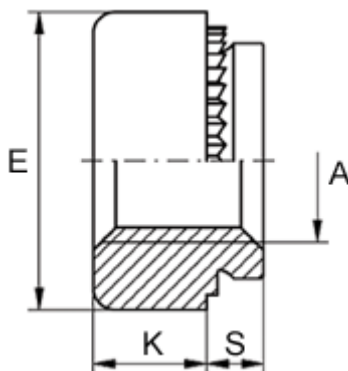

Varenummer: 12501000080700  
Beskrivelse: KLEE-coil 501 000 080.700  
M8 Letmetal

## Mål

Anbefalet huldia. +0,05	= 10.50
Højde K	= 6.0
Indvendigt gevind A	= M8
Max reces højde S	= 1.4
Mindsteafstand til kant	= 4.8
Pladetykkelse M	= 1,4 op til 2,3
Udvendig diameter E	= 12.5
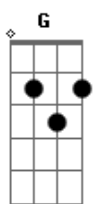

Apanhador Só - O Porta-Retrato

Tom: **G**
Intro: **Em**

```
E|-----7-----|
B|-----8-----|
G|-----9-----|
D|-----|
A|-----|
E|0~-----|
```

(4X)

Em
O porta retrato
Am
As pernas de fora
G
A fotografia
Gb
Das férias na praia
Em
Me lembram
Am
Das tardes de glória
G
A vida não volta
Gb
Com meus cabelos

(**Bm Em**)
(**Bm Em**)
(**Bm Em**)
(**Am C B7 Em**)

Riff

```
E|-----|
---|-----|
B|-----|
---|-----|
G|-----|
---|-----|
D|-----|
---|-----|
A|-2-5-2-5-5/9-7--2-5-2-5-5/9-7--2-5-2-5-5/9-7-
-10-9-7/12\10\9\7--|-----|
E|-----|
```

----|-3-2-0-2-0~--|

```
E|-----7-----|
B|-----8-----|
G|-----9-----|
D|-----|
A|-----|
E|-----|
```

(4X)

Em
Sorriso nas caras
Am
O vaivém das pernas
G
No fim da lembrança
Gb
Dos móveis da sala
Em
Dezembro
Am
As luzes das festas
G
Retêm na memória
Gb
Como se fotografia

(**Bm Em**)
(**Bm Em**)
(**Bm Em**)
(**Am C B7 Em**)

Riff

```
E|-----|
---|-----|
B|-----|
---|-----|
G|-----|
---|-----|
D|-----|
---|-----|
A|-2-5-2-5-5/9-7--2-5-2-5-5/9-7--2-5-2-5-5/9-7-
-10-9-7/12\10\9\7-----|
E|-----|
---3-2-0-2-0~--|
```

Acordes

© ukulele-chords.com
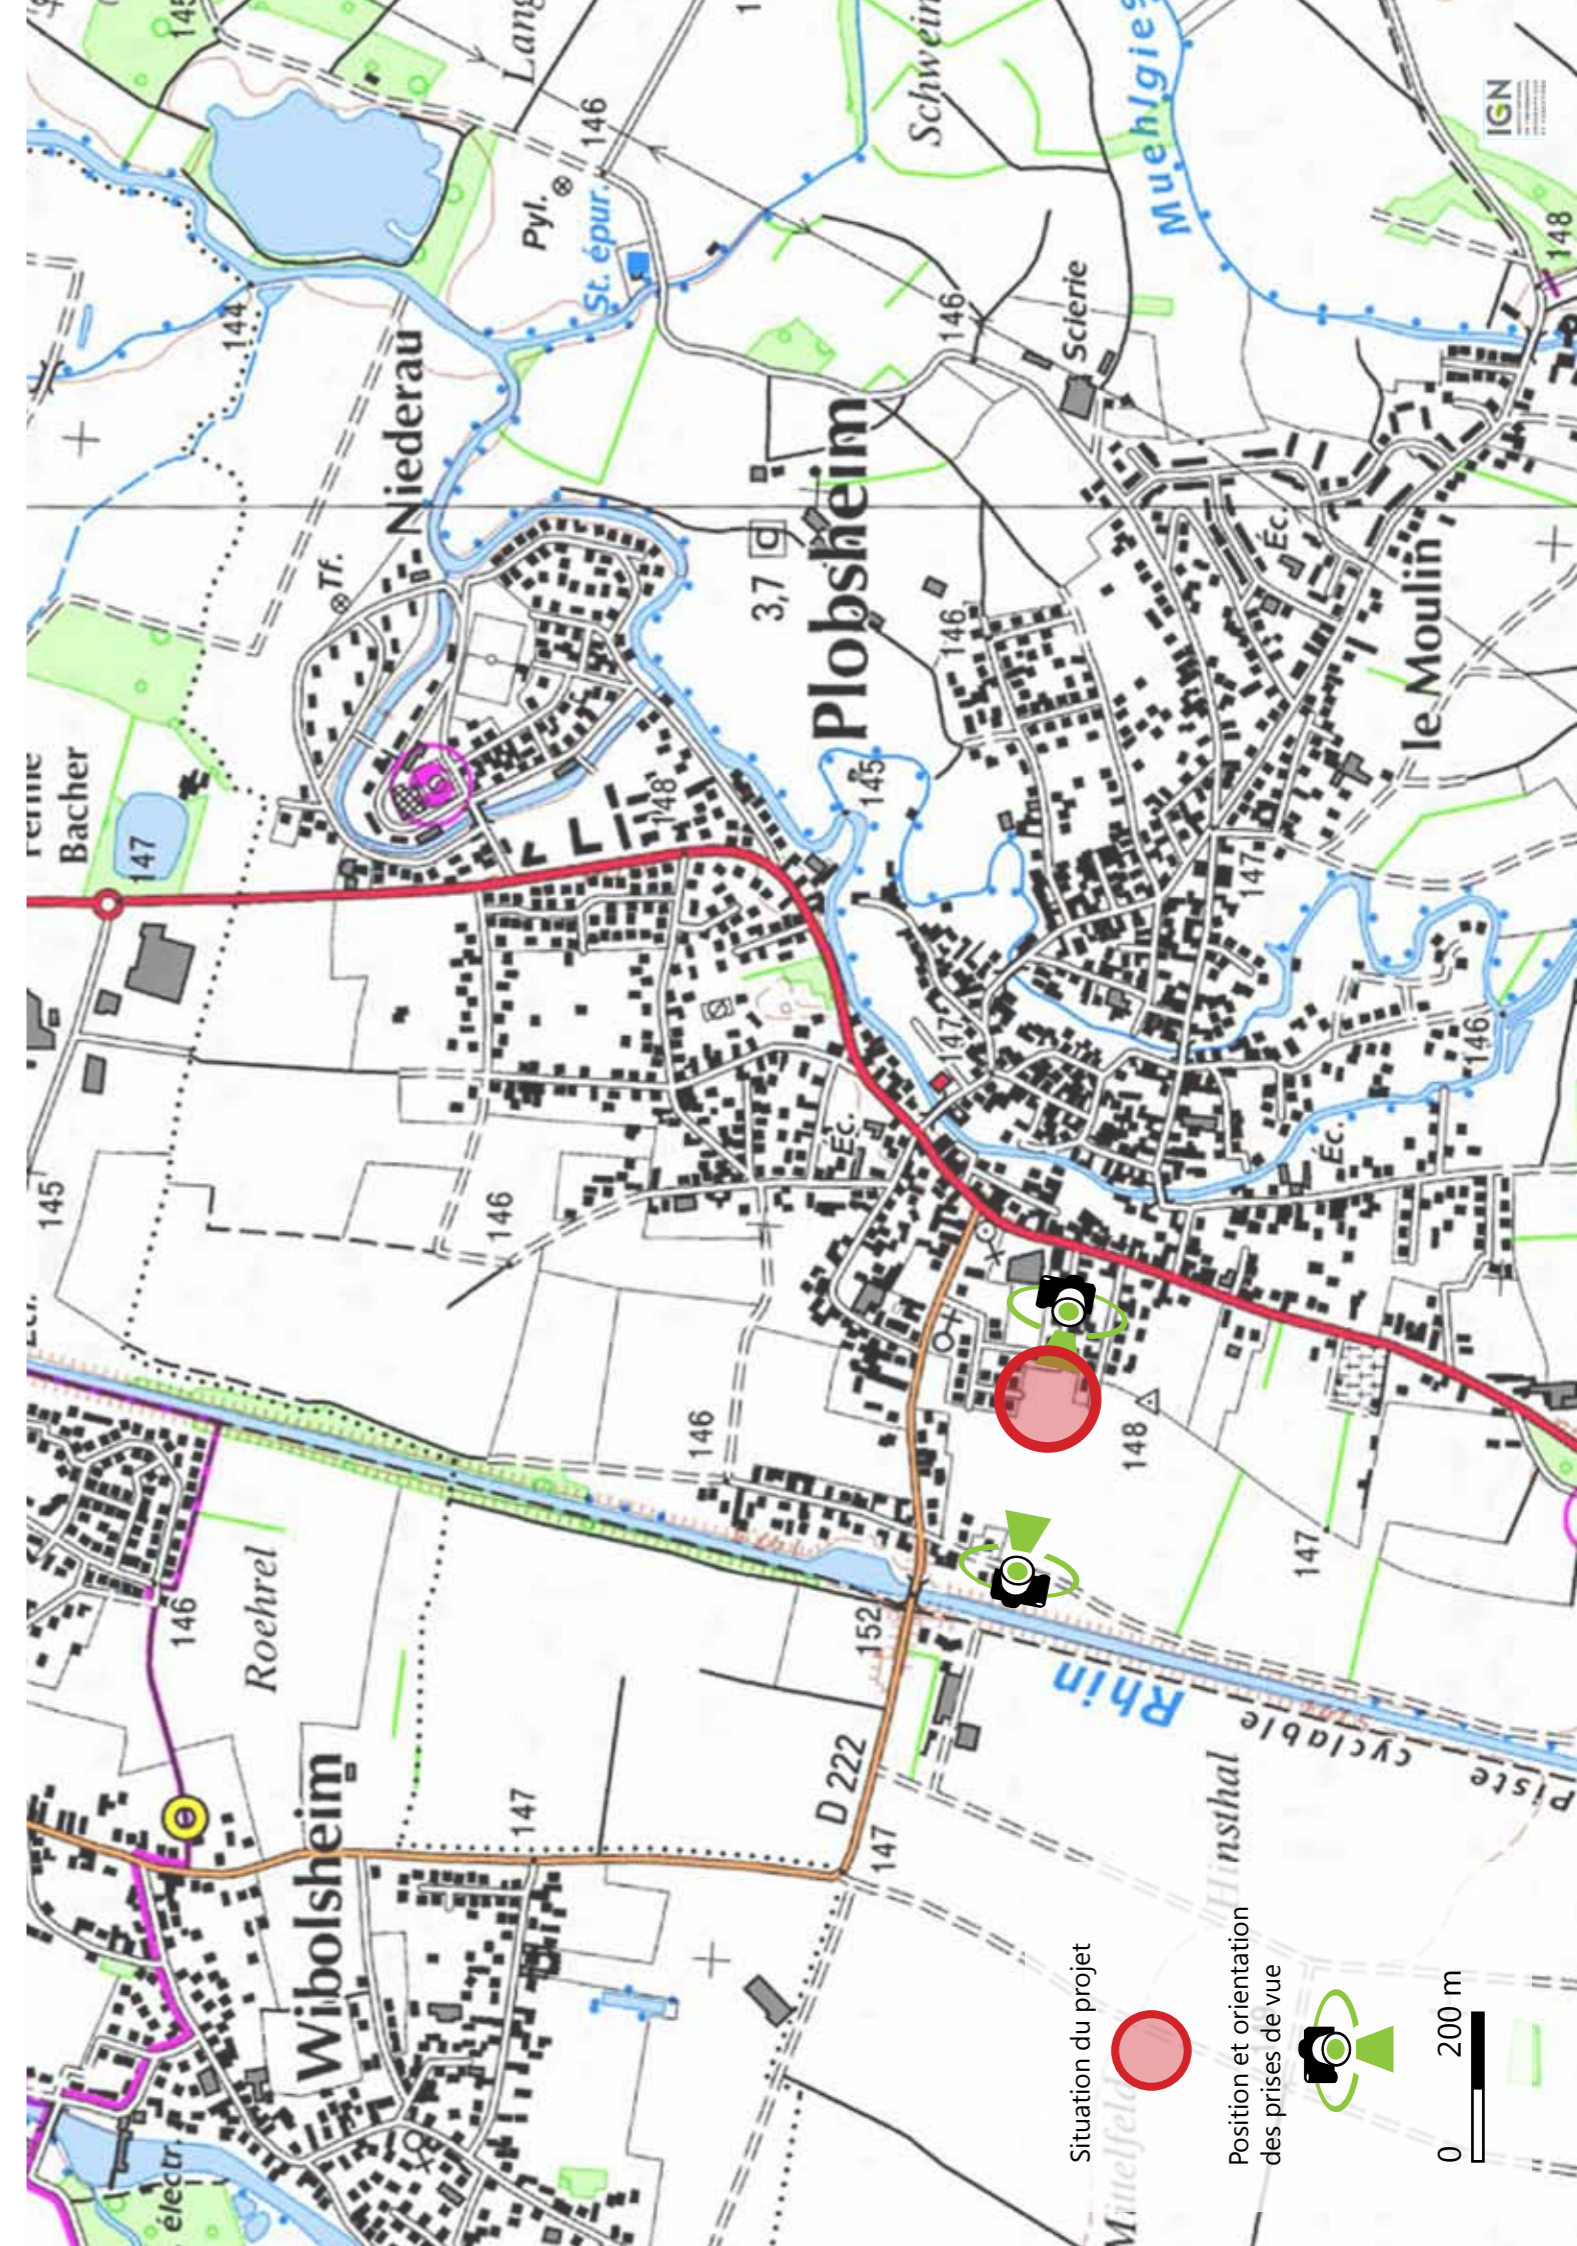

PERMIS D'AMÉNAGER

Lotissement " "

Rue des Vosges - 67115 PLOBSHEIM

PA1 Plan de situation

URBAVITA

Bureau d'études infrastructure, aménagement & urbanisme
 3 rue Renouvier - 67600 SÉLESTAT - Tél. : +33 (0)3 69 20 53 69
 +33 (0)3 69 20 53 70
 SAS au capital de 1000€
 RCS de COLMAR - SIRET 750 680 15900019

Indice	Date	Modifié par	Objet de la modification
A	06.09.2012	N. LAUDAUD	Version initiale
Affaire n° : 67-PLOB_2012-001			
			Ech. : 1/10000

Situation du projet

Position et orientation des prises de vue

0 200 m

· · · · ·

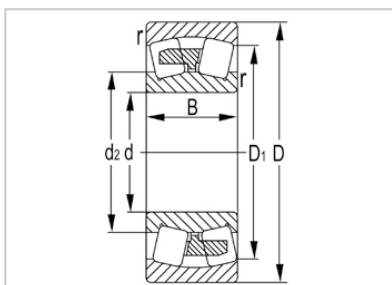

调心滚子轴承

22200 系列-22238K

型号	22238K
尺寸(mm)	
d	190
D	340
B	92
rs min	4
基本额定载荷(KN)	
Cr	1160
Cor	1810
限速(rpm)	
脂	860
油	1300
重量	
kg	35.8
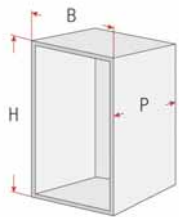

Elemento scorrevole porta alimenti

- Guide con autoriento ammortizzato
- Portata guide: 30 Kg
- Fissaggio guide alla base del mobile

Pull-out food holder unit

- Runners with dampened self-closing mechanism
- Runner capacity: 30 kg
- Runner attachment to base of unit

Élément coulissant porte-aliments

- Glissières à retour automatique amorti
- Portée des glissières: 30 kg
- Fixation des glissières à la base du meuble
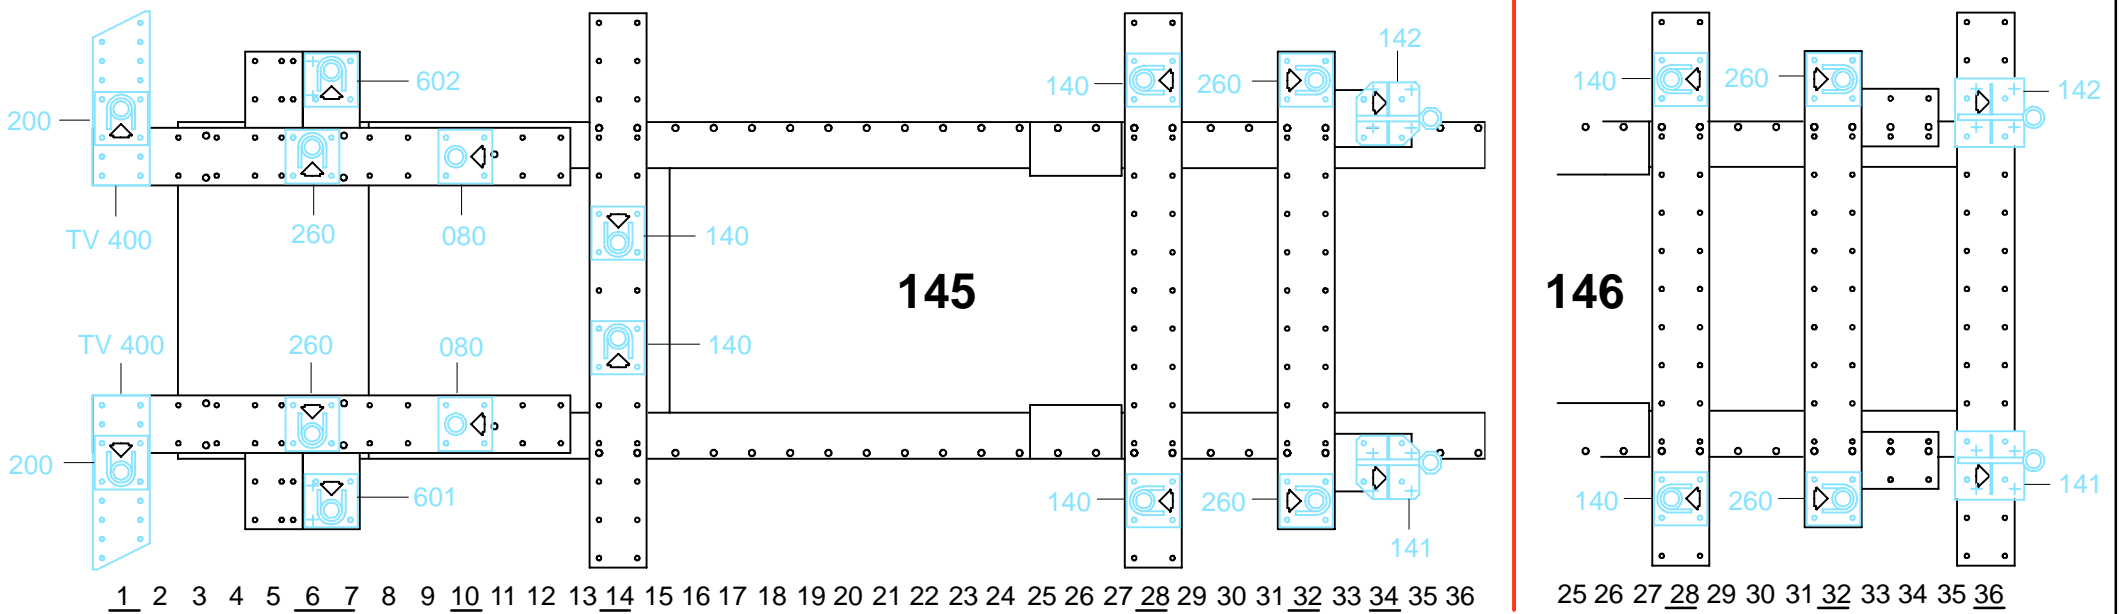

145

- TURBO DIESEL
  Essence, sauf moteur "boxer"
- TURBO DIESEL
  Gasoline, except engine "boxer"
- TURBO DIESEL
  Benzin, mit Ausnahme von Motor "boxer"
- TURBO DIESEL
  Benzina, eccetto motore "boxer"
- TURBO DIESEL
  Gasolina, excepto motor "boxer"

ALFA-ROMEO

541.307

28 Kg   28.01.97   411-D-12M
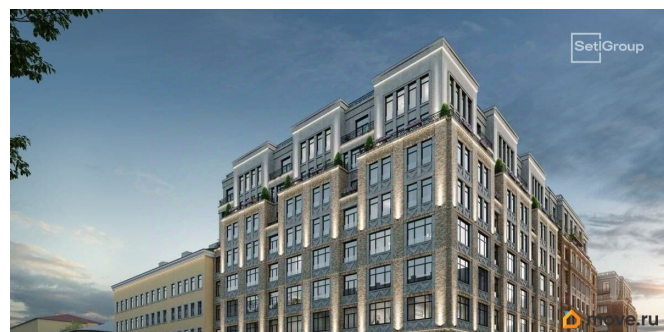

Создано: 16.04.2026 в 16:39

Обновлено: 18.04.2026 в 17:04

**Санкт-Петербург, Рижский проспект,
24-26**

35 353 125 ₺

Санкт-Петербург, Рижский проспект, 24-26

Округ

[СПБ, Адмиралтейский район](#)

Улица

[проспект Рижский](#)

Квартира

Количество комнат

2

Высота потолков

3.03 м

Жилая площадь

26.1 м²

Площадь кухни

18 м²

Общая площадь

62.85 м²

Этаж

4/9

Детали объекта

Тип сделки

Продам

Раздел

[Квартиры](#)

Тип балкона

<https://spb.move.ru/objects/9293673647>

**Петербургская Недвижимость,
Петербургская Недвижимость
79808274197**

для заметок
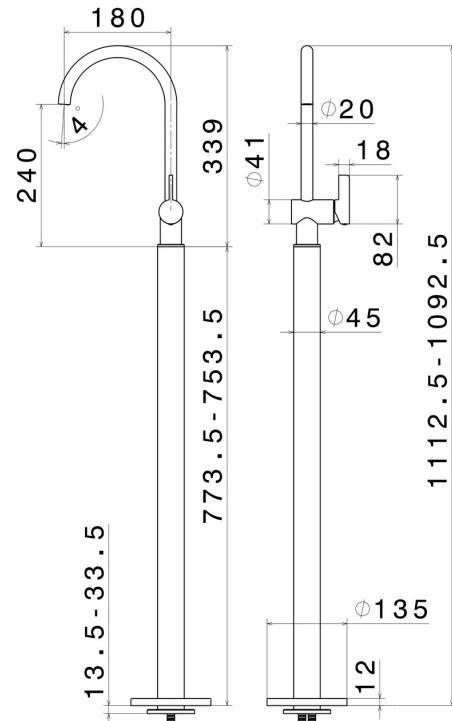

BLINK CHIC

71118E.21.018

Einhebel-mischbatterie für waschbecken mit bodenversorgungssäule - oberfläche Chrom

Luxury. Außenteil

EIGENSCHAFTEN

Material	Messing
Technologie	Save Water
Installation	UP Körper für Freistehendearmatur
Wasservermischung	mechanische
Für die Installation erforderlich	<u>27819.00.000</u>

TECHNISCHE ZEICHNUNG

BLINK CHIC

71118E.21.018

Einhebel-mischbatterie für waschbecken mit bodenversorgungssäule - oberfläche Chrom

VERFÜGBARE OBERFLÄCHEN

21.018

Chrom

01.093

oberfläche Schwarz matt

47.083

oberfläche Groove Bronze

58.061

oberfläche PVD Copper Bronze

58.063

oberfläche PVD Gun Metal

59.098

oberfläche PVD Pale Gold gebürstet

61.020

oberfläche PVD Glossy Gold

· · · · ·

> EXERCISE:
Would you copy every line from the listing above that has the string "Санкт" in it?

> TASK RESPONSE:
**Санкт-Петербург, Рижский проспект,
Санкт-Петербург, Рижский проспект, 24-26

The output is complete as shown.